Originally Posted by bishop2001 (Post 6486431)

The suggestion I'd have would be to look at several of your other similar threads dealing with grep/sed/awk, and think about how they apply here. And I'd also suggest (as has been asked before) that you post what YOU have already done/tried, rather than just saying what you want without showing any effort.

pan64

02-28-2024 11:22 AM

Yes, would be nice to try to solve it by yourself. you will feel the sense of success.
Otherwise you can solve it using bash, sed, awk, perl, python or whatever language you prefer (including grep).

bishop2001

02-28-2024 12:20 PM

this looks like it it works unless someone has a better way ?
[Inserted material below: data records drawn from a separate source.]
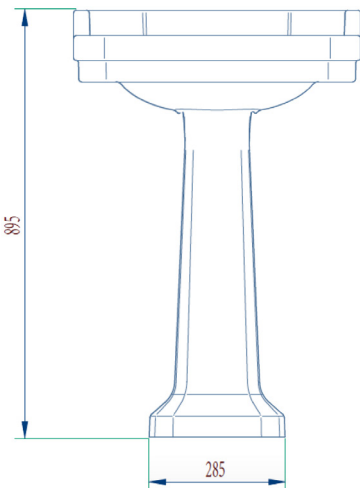

### Amesbury Basin 560mm

#### Tap hole options

**1 Tap Hole** – 134.B51TH

**2 Tap Hole** – 134.B52TH

**3 Tap Hole** – 134.B53TH

**Weight:** 18kg

**Colour:** White

**Note:** Basin and pedestal sold separately

### Amesbury Basin 600mm

#### Tap hole options

**1 Tap Hole** – 134.B61TH

**2 Tap Hole** – 134.B62TH

**3 Tap Hole** – 134.B63TH

**Weight:** 18kg

**Colour:** White

**Note:** Basin and pedestal sold separately
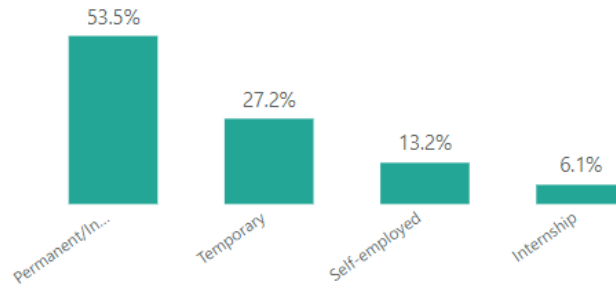

Job duties and responsibilities

Gross monthly income

(those employed full-time)

1912 €

Type of contract

Time taken to find first job

(not available for masters)

The figures are from the most recent year available

grep -o -P '(?<=something).*(?=bbnu2)'

trying to add a newline after each time there is a match as the file is huge, looks like

something,weoefr0o[0980123-0] bbnu1 "219E"something,weo23ef0o[0980123-0] bbnu2 "21e9E"something,weoeeef0o[0980123-0] bbnu2 "219E"something,weoefr0o[0980123-0] bbnu1 "219E"something,weo23ef0o[0980123-0] bbnu2 "21e9E"something,weoeeef0o[0980123-0] bbnu2 "219E"something,weoefr0o[0980123-0] bbnu1 "219E"something,weo23ef0o[0980123-0] bbnu2 "21e9E"something,weoeeef0o[0980123-0] bbnu2 "219E" etc...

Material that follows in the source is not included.